As we enter the final weeks of the election campaign, it’s time for both candidates to explain their views on the proper size and role of government.
Republican John McCain promises that if he wins he’ll order “a comprehensive review of all programs, projects and activities of the federal government and then propose a plan to reprioritize where needed and terminate individual programs.” Democrat Barack Obama suggests much the same, saying he “will stop funding wasteful, obsolete federal government programs that make no financial sense.”
We’ve heard such words before. But much like the Energizer bunny, government just keeps growing and growing.
In the current fiscal year, Washington will spend $2.93 trillion - more than 4 times the amount it spent in 1965 when President Lyndon Johnson’s Great Society programs and the Vietnam War helped boost spending to $627.6 billion.
Meanwhile, the government will take in an estimated $2.5 trillion in taxes in the current fiscal year, roughly $22,100 per household.
Contrary to popular belief - and campaign rhetoric - the explosive growth of government has occurred under Democratic and Republican administrations alike. In truth, the political system is rigged to encourage such growth.
The U.S. Department of Education, for example, will spend more than $68 billion in the current fiscal year. The average taxpayer’s share of this, however, is just $582: $48.50 per month, or $1.60 per day. There aren’t too many taxpayers who will wage war about the Education Department when that’s all it’s costing them.
On the other hand, a whole host of special-interest organizations will fight for every dollar of that $68 billion and more: organizations representing teachers, principals, administrators, school boards, textbook publishers, and so on. Federal funds are essential to these special interests and they will lobby for increases at every turn, as other interest groups lobby for additional funds for their favored programs.
In 2007 alone, more than 15,600 registered lobbyists spent more than $2.8 billion to influence federal legislation and tax and spending policy. According to the Center for Responsive Politics, organized labor alone spent more than $44.3 million on lobbying last year; business interests spent nearly double that amount, an estimated $87.2 million.

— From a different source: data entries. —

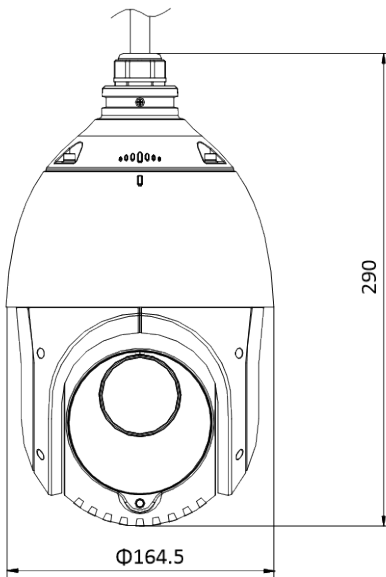

Available Model

NP112-IR/25X

Dimensions

Unit: mm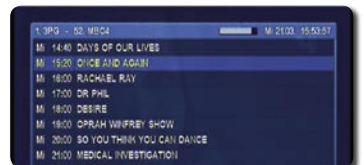

from the manufacturer!

Download:

<http://www.improbox.de/index_en.html>

Masterpiece Display – Gets the Most Out of the VDF Display

This little TAP expands the Topfield 5000's VDF display by providing more useful data, such as the actual time, and also changes the presentation of longer data names during playback (from this point on it would only be scrolled a single time). In our tests we were unable to get this TAP to work with Topfield's 6000 series.

Download:

<http://www.topfield.cc/files/Firebird/MPDisplay.zip>

Jag's EPG – A Must-Have

If you are not satisfied with Topfield's standard EPG, you could always give Jag's EPG a try. One thing is for sure: after using Jag's EPG, it is highly unlikely that you will miss Topfield's normal EPG. With Jag's EPG, you can, for example, download the EPG data for the first 100 channels automatically on a daily basis (e.g. overnight) so that you can view them anytime you want without any download delays, even if you're not on your favorite channel. In addition to the countless ways that this data can be displayed, this TAP also has a variety of search and sort functions, lets you directly enter timer settings with the ability to add extra time before and after the programs start time, etc. The entire range of features provided by this TAP fills a 38-page full-size user manual. In addition to the original TAP, other programmers have developed accessory tools such as a program to display timer settings on a PC. This TAP is freeware!

Download:

<http://www.topfield-europe.com/forum/forumdisplay.php?f=58>

Bookmark TAP – An Absolute Favorite

At first glance, the Bookmark TAP seems rather small and

Both presidential candidates, on their campaign Web sites, promise to reduce the influence of lobbyists. Sen. Barack Obama’s page opens with a quote from a 2007 speech in which he says: “I am in this race to tell the corporate lobbyists that their days of setting the agenda in Washington are over. … They have not funded my campaign, they will not run my White House, and they will not drown out the voices of the American people when I am president.” Not to be outdone, Sen. John McCain’s Web site offers the following proclamation: “As president, John McCain will see to it that the institutions of self-government are respected pillars of democracy, not commodities to be bought, bartered, or abused.”
But when you look at the candidates’ fund-raising, a different story is revealed: large numbers of contributions - and large amounts of money - from individuals and organizations that want something from Washington. The nonpartisan Center for Responsive Politics estimates that Mr. Obama’s fund-raising from industry and professional groups alone had reached nearly $30 million by June 30; Mr. McCain’s total was an estimated $17.5 million.
What will a President McCain or President Obama do when financial supporters ask for “special consideration”? Probably what other presidents and lesser government officials have been doing in the past: “selling” programs, bartering regulations and spending taxpayer dollars for the benefit of various constituent groups whose votes and contributions they received - and hope to receive again.
Inevitably, special-interest lobbying and the growth of government come at the expense of all citizens and taxpayers, most of whom receive no direct benefit from increased spending. As the late Col. E.C. Harwood, founder of the American Institute for Economic Research, said: “It follows that if there are men in society who are able to get something for nothing, other men must be getting nothing for something.”
Richard Ebeling is a senior research fellow at the American Institute for Economic Research (www.aier.org), Great Barrington, Mass., and is the Shelby C. Davis Visiting Professor in Economics at Trinity College, Hartford, Conn.